*Activity*
Count only the lines of the records that hold "Montage", then give the number without any other words.

** Opening Extracted information block **

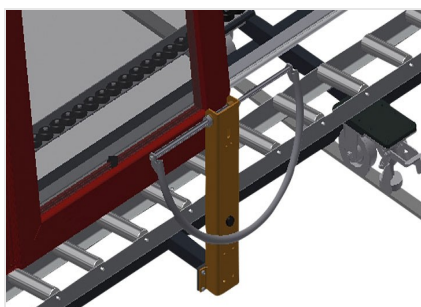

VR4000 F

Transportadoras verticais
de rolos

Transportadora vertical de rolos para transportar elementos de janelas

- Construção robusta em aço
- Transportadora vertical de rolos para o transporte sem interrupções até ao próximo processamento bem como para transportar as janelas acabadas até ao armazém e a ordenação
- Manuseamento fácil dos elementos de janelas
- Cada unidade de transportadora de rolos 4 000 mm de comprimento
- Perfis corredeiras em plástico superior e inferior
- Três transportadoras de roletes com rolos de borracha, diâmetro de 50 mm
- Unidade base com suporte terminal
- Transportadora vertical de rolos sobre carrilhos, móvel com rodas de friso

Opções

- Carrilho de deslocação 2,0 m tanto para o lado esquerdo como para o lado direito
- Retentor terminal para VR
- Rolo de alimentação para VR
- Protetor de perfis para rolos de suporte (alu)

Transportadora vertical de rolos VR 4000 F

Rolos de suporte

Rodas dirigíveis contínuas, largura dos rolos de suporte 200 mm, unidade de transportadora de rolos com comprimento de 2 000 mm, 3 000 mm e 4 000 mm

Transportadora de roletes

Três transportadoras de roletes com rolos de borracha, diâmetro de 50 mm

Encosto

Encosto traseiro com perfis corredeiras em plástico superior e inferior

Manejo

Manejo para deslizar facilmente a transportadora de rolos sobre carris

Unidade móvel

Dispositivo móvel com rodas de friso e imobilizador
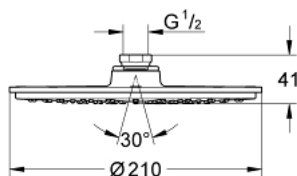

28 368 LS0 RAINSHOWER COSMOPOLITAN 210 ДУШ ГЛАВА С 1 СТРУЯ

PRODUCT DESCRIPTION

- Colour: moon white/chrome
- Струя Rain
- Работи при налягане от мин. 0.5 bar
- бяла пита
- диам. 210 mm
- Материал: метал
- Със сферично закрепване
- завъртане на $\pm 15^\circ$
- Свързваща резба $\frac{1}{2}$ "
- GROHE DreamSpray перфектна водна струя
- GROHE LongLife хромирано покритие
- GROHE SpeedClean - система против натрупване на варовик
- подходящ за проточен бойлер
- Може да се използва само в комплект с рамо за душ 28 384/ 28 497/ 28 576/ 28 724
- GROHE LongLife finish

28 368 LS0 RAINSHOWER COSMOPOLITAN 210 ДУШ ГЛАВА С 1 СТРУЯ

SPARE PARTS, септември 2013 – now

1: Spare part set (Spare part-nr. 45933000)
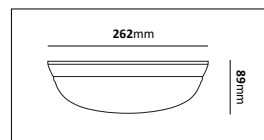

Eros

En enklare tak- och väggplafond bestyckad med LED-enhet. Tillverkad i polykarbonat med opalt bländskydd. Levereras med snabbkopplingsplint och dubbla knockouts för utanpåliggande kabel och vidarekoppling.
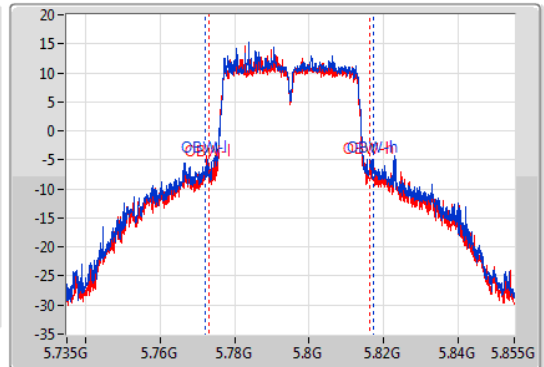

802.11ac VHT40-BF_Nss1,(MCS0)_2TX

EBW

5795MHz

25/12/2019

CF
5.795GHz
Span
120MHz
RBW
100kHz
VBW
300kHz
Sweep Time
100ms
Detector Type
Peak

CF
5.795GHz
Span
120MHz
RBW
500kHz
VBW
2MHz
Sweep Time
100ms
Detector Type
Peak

** Closing Extracted information block **
** Opening Extracted information block **

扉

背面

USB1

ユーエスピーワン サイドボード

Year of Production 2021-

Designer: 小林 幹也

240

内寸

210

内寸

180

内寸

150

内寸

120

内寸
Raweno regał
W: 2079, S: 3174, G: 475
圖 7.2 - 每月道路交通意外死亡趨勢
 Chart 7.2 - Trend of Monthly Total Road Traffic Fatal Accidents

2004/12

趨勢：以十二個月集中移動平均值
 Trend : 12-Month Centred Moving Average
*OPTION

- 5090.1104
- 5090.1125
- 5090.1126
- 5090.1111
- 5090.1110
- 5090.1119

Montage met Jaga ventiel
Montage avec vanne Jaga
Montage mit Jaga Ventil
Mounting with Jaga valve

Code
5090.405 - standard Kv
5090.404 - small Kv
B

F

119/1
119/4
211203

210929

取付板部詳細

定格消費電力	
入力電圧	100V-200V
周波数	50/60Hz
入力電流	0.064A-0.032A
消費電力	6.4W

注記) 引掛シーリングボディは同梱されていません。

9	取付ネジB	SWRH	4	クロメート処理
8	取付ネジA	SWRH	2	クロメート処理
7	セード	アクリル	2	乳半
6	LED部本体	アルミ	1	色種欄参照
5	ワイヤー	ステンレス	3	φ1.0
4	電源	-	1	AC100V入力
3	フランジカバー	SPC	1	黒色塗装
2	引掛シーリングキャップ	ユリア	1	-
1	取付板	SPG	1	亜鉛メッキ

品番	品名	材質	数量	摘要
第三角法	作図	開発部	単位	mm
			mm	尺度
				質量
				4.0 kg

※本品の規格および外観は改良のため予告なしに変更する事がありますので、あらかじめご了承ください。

** Closing Extracted information block **

*Written response*
3